Amendment rights. She also claims that defendants violated numerous MDOC policies and procedures. II. STANDARD OF REVIEW

Plaintiff has been granted in forma pauperis status. (ECF No. 4.) Under the Prison Litigation Reform Act of 1996 (“PLRA”), the Court is required to sua sponte dismiss an in forma pauperis complaint before service on a defendant if it determines that the action is frivolous or malicious, fails to state a claim upon which relief can

be granted, or seeks monetary relief against a defendant who is immune from such relief. See 42 U.S.C. § 1997e(c); 28 U.S.C. § 1915(e)(2)(B). The Court is similarly required to dismiss a complaint seeking redress against government entities, officers,

and employees which it finds to be frivolous or malicious, fails to state a claim upon which relief may be granted, or seeks monetary relief from a defendant who is immune from such relief. See 28 U.S.C. § 1915A. A complaint is frivolous if it lacks an arguable basis in law or in fact. Denton v. Hernandez, 504 U.S. 25, 31

(1992); Neitzke v. Williams, 490 U.S. 319, 325 (1989).
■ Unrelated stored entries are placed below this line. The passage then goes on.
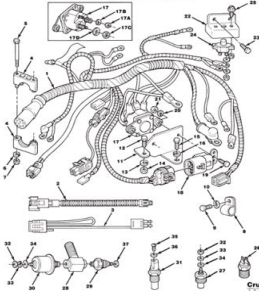

Download File PDF Wiring Diagrams Engine Crusader

#Jenny

Finally I get this ebook, thanks for all these I can get now!

#Rio

Cool! I'am really happy

#Markus Jensen

I did not think that this would work, my best friend showed me this website, and it does! I get my most wanted eBook

#Hun Tsu

wtf this great ebook for free?!

#Che Salsa

My friends are so mad that they do not know how I have all the high quality ebook which they do not!

#Diego Butler

so many fake sites. this is the first one which worked! Many thanks

[Download PDF version of :](#)
Wiring Diagrams Engine Crusader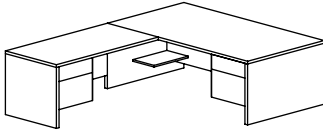

Standard features:

- Flush height returns, specify left or right
- Two Box/File pedestals with locks
- Two grommets

For a fan transaction top, add \$376 list.

COMPUTER U-SHAPE DESKS

Model No.	DxW	List	Wt
7K-CU-3672-2136-3672 (Rectangular top)	36" x 72" desk 21" x 36" bridge 36" x 72" credenza (with lateral)	\$4,317	570
7K-PCU-3672-2136-3672 (P top)	36" x 72" P top 21" x 36" bridge 36" x 72" credenza (with 5 dr ped)	\$4,964	570
7K-BCU-3672-2136-3672 (Bullet top)	36" x 72" bullet 21" x 36" bridge 36" x 72" credenza (with 5 dr ped)	\$4,749	570
7K-FCU-3672-2136-3672 (Fan top)	36" x 72" fan top 21" x 36" bridge 36" x 72" credenza (with lateral)	\$4,749	555

Standard features:

- KT#4468 keyboard tray and grommet in corner section
- Full modesty panel
- Flush height returns, specify left or right
- Locks are standard

U-Shapes can be ordered without the corner unit, providing a square U. Change the model number from CU to NCU which will result in a 24" x 48" bridge

A pro se civil rights complaint is to be construed liberally. Haines v. Kerner, 404 U.S. 519, 520-21 (1972). Nonetheless, Federal Rule of Civil Procedure 8(a)
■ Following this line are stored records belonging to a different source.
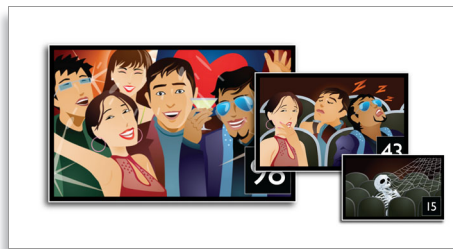

Easy to set up and use

- EasyLink for easy control of connected devices via HDMI CEC

PHILIPS
sense and simplicity

Highlights

HDMI 1080p

HDMI 1080p upscaling delivers images that are crystal clear. Movies in standard definition can now be enjoyed in true high definition resolution - ensuring more details and more true-to-life pictures. Progressive Scan (represented by "p" in "1080p") eliminates the line structure prevalent on TV screens, again ensuring relentlessly sharp images. To top it off, HDMI makes a direct digital connection that can carry uncompressed digital HD video as well as digital multi-channel audio, without conversions to analogue - delivering perfect picture and sound quality, completely free from noise.

Karaoke scoring

Add a dash of fun to your Karaoke sessions with Karaoke Scoring. Allow your performance to be judged for further improvement, or for friendly competitions. Karaoke Scoring automatically rates your singing and gives you a humorous picture that is tied to how well you did. The fun never ends.

requires that a complaint set forth “a short and plain statement of the claim showing that the pleader is entitled to relief,” as well as “a demand for the relief sought.” Fed. R. Civ. P. 8(a)(2), (3). The purpose of this rule is to “give the defendant fair notice

of what the claim is and the grounds upon which it rests.” Bell Atlantic Corp. v. Twombly, 550 U.S. 544, 555 (2007) (citation omitted). While this notice pleading standard does not require “detailed” factual allegations, it does require more than the

bare assertion of legal principles or conclusions. Twombly, 550 U.S. at 555. Rule 8 “demands more than an unadorned, the defendant-unlawfully-harmed me accusation.” Ashcroft v. Iqbal, 556 U.S. 662, 678 (2009). “A pleading that offers ‘labels and conclusions’ or ‘a formulaic recitation of the elements of a cause of

action will not do.’” Id. (quoting Twombly, 550 U.S. at 555). “Nor does a complaint suffice if it tenders ‘naked assertion[s]’ devoid of ‘further factual enhancement.’” Id. (quoting Twombly, 550 U.S. at 557).